Where surgeons fail is assuming that a person with diabetes is badly self-managing that disease and is a special risk for them, then prescribing medications and special protocols without considering the effects - on good diabetes management.
It’s also my belief that too many doctors think of their customers as one-dimensional, either by a disease or their specialty. Those slapped with the label with “diabetes” (I hate that dysfunctional symptom-based label) are broken glucose consuming machines.
It seems to me that once over 65, I’m increasingly treated as if I was mentally feeble. I now get simplistic explanations that my history and questions already indicate I understand as well as the doctor, and even more simplistic answers, as if I was going to die soon no matter what, so why bother.

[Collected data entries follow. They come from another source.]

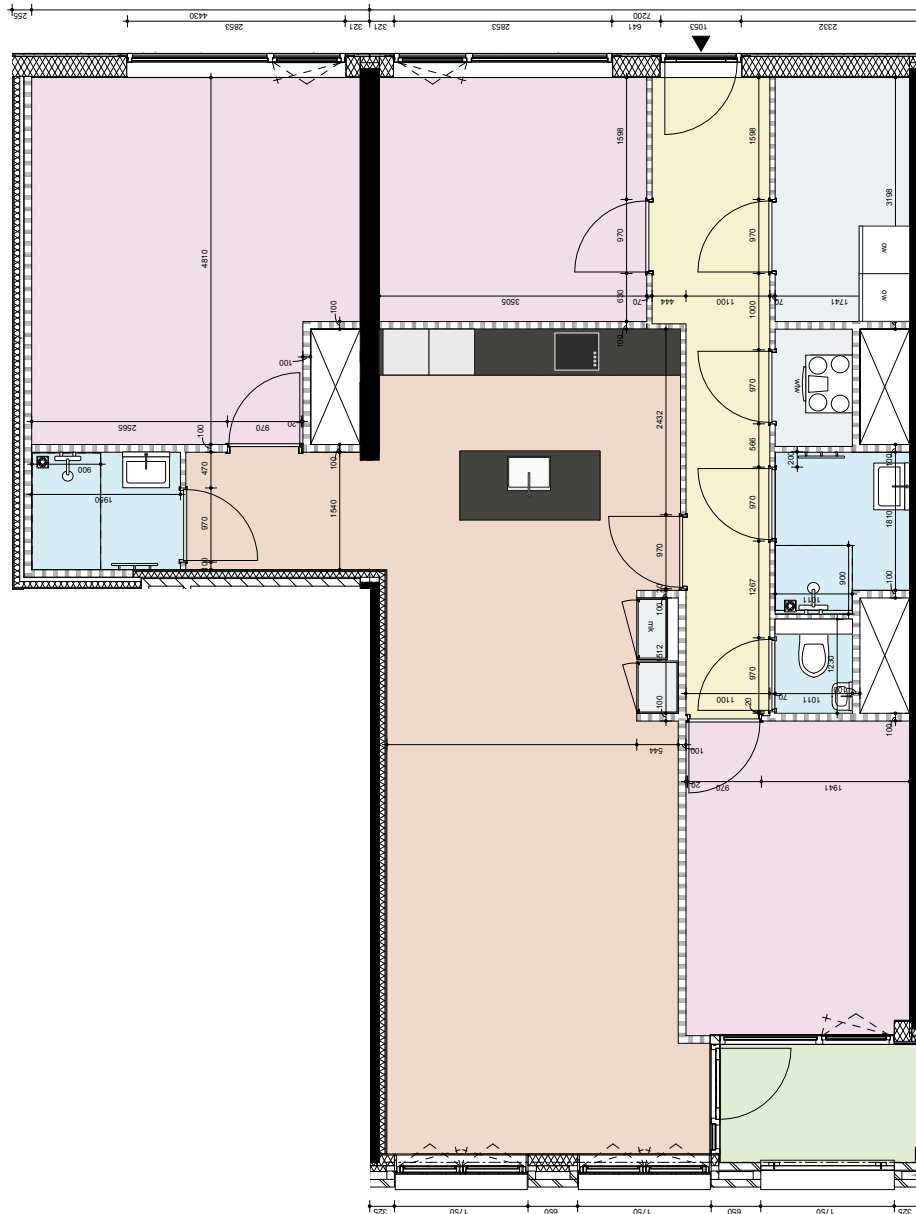

Type: E8

Adressen: **Rijnlandlaan 83, 97, 111, 125**

Verdieping: **5e, 6e, 7e, 8e**

Gebruiksoppervlakte: **118 m²**

Aantal kamers: **4**

Type keuken: **Spoeleiland**

Badkamer 1: **Douche en wastafel**

Badkamer 2: **Douche, wastafel en apart toilet**

Buitenruimte: **Balkon gelegen op het Zuiden**

Legenda

- | | | |
|------------------|-----------------|---------------------------------------|
| Woonkamer/Keuken | Toilet/Badkamer | mk: Meterkast |
| Slaapkamer | Hal | ow: Opstelplaats wasapparatuur |
| Loggia | Berging/Kast | wtw: Warmteterugwinning unit |

Balkon
gelegen op het
Zuiden

We hebben erg ons best gedaan op deze plattegrond. Toch kan er misschien een foutje ingeslopen zijn. Daarom kunnen er geen rechten aan worden ontleend.

I wonder if it’s a coincidence that despite it being the fastest growing demographic, studies of persons over 65 are rarer than those specifically studying any other demographic. I wonder if it’s because we are “unreasonably” well-informed and have “unreasonable” amounts of experience with, and expectations of competence.
The strangest thing for me is the sense of satiety.
Yup, that’s a known effect of GLP-1 agonists, and a very desirable one at that, since they usually are prescribed to type 2 diabetics, which may have a dysfunctional satiety-hunger regulation.
I don’t think they’re even being considered at this point. At least not that I’ve read. Are you aware of any research that is producing all the islet cells?
The Vertex VX-880 trial produced full islets from what I see, not just beta cells. There’s also this.
I’m pretty sure the crisper-modified proteins that avoid immune detection in the first place method is going to win out over encapsulation techniques, anyway.
True, that one is quite promising, and would yield many benefits, since the islets could then potentially live on for longer. From what I recall, maintaining the supply of nutrition to the islets through the encapsulation has been one major problem so far.